WHAT YOU SHOULD DO:
After locating the line that contains "<b>Renkset Geri Verim" in the records below, write out exactly that line and each line after it through the one that contains "www.atelaydinlatma.com", and nothing else.

DATA IN THIS EXERCISE:
***

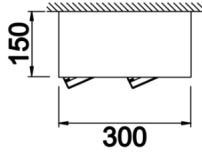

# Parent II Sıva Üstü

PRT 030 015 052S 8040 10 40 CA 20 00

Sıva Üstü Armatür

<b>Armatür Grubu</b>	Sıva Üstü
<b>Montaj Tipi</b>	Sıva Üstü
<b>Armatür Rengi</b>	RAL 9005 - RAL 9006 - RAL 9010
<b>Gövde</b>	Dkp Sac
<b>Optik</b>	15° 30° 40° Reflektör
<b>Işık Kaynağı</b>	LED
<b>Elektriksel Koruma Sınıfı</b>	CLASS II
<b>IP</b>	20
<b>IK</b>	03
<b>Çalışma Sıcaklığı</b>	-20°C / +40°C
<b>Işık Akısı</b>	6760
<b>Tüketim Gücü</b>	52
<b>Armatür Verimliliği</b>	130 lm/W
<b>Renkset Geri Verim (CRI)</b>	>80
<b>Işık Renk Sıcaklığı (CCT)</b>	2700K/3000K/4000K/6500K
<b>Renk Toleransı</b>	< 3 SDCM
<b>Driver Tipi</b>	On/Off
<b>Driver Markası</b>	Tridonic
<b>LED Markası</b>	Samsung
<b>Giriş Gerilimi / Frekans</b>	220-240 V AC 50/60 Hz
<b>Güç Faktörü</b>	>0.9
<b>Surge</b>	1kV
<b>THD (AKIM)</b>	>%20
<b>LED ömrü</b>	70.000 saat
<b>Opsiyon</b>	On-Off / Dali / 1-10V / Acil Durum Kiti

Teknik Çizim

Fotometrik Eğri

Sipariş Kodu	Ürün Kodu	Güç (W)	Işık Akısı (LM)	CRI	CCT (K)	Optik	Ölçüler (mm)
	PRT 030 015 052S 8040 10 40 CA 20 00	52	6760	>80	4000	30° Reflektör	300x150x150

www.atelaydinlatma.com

***

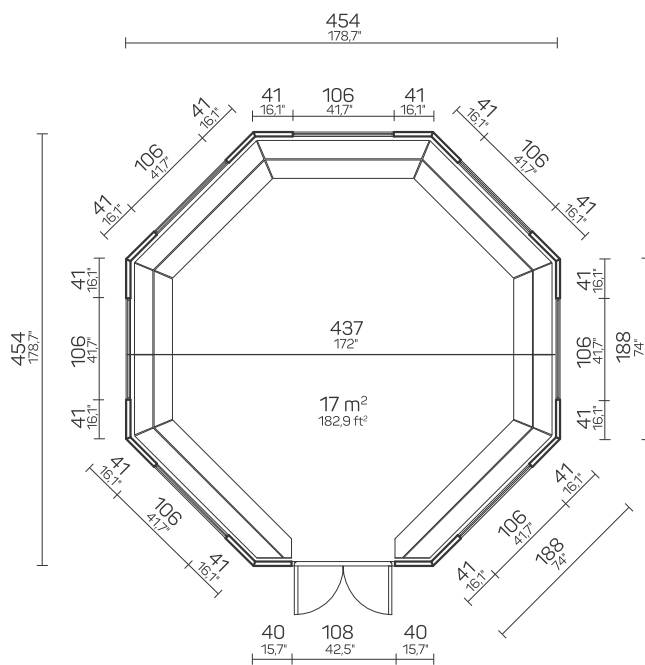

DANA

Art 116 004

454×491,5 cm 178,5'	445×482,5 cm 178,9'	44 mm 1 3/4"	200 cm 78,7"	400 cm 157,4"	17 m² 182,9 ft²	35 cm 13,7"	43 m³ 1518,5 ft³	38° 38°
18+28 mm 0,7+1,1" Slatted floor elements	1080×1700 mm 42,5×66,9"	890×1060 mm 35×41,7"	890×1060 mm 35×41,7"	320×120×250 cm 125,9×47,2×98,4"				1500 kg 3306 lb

***

COMPLETED EXERCISE:
<b>Renkset Geri Verim (CRI)</b>	>80
<b>Işık Renk Sıcaklığı (CCT)</b>	2700K/3000K/4000K/6500K
<b>Renk Toleransı</b>	< 3 SDCM
<b>Driver Tipi</b>	On/Off
<b>Driver Markası</b>	Tridonic
<b>LED Markası</b>	Samsung
<b>Giriş Gerilimi / Frekans</b>	220-240 V AC 50/60 Hz
<b>Güç Faktörü</b>	>0.9
<b>Surge</b>	1kV
<b>THD (AKIM)</b>	>%20
<b>LED ömrü</b>	70.000 saat
<b>Opsiyon</b>	On-Off / Dali / 1-10V / Acil Durum Kiti

Teknik Çizim

Fotometrik Eğri

Sipariş Kodu	Ürün Kodu	Güç (W)	Işık Akısı (LM)	CRI	CCT (K)	Optik	Ölçüler (mm)
	PRT 030 015 052S 8040 10 40 CA 20 00	52	6760	>80	4000	30° Reflektör	300x150x150

www.atelaydinlatma.com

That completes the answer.